A high frequency of breast carcinoma has been reported among first-degree relatives of women with TC. A study (10) found that 45% of patients with stage I or II TC had a family history of breast carcinoma, but this finding was not statistically significant compared with the 36% rate in a woman with well-differentiated invasive ductal carcinoma (IFDC) of similar stage. Rakha et al. (11) reported a 20% rate of family history of breast carcinoma in women with TC. Family history of breast carcinoma in women with screen-detected carcinomas was associated with a relative risk of 1.71 for TC compared to 1.57 for any type of invasive carcinoma (23). Family history of breast carcinoma in a first-degree relative tripled the risk of TC in premenopausal women but was not significantly related to TC in postmenopausal patients (21). At least two studies have reported a two- to three-fold increase in the risk of TC in postmenopausal women who used hormone replacement therapy (21,24).

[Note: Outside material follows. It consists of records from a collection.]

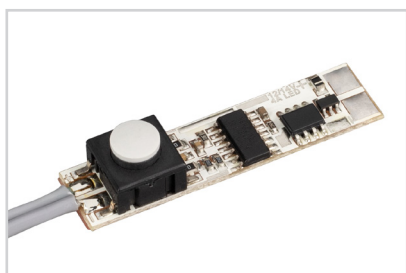

020919
Для MIC черная глухая

Держатель

022455(1)
Регулируемый REG-PD для MIC, PDS-S

Крепеж

025907
Монтажный MIC-PDS-ST сталь

Крепеж

025933
Монтажный MIC-PDS-BLACK сталь

СОПУТСТВУЮЩИЕ ТОВАРЫ И АКСЕССУАРЫ

Приобретаются отдельно

Коннектор

026182
Для MIC, PDS-R, PDS-S сталь

Крепеж

025259
TABLET-H для MIC

Прокладка

025258
TABLET-V для MIC

Крепеж

020924
Монтажный для MIC, PDS Plastic Grey

Пружинный держатель

016028
Для PDS, MIC, PHS-A

Микровыключатель

013210
12V для PDS с проводом 1.5м

Микровыключатель

013211
12V для PDS без провода

Микровыключатель

Most TCs are 1 cm or smaller (7,9) (Table 10.1), but larger tumors are encountered occasionally. In one study (11), 59% of 102 TCs measured 1 cm or less, compared to only 30% of 212 IFDC grade I/III; the median tumor size was also significantly smaller.


Few studies have described multifocality in the setting of TC. In one study (25), 5% of 120 patients with TC treated by mastectomy had an additional and separate invasive carcinoma, and 3.3% had multifocal ductal carcinoma in situ (DCIS). In another study (26), invasive lobular carcinoma was identified in 7% of patients with TC. In a recent series (27), 9% of patients with TC had multifocal disease. A second invasive carcinoma of higher histologic grade was present in 15% of cases and consisted of moderately or poorly differentiated IFDC in eight patients, an invasive lobular carcinoma in four patients, and a tubulolobular carcinoma in another patient.

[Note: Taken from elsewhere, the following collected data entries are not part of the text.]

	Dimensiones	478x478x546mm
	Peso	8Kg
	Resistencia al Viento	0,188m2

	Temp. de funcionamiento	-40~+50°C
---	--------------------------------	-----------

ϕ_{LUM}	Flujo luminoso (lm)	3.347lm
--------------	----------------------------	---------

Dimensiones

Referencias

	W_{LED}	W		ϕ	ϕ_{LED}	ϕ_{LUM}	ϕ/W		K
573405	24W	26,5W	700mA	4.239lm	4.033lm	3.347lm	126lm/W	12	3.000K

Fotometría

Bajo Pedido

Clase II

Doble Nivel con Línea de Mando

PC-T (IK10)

In another study (12), multifocal TC was identified in 9.7% of patients, including eight women with two foci each, one with four foci, and another patient with five foci. In general, it is not possible to comment on tumor multifocality when evaluating NCB material from a single radiologic target.

TABLE 10.1
Differential Diagnosis

Tubular Carcinoma

Microglandular Adenosis

Invasive Ductal Carcinoma, Grade I/III

Morphologic Features


% of the tumor composed of simple glands





Haphazard, but fairly uniform within a lesion

Haphazard, but can be somewhat lobulated

Haphazard, but the glands tend to be more tightly clustered in some parts of the tumor, and sparser in other areas


Round to oval, or angulated (tear drop-shaped glands)

Round to oval

Round to oval, or angulated (tear drop-shaped glands can be present)

Complex architecture

Focal (<10%), if any

Unacceptable (complex glands are diagnostic of atypical MGA)

Present (≥10%)

Epithelium lining the glands


Monostratified in ≥90% of tumor


Focally multistratified (>10% of tumor)

Cell shape

Mostly columnar, focally cuboidal or flat

Mostly cuboidal, focally flat

Mostly columnar, focally cuboidal, or flat

Cytoplasm (volume)

Scant to abundant


Scant to abundant

Cytoplasm (staining hue)

Amphophilic, rarely eosinophilic

Pale to clear

Amphophilic or eosinophilic

Apical snouts



Can be present

Nuclear atypia

Mostly low, can be focally intermediate

Absent (unacceptable)

Mostly low, but intermediate nuclear grade atypia can involve a large area


Absent to very rare

Absent (unacceptable)

Absent to rare

Other features

Basement membrane

Absent (rarely present and discontinuous)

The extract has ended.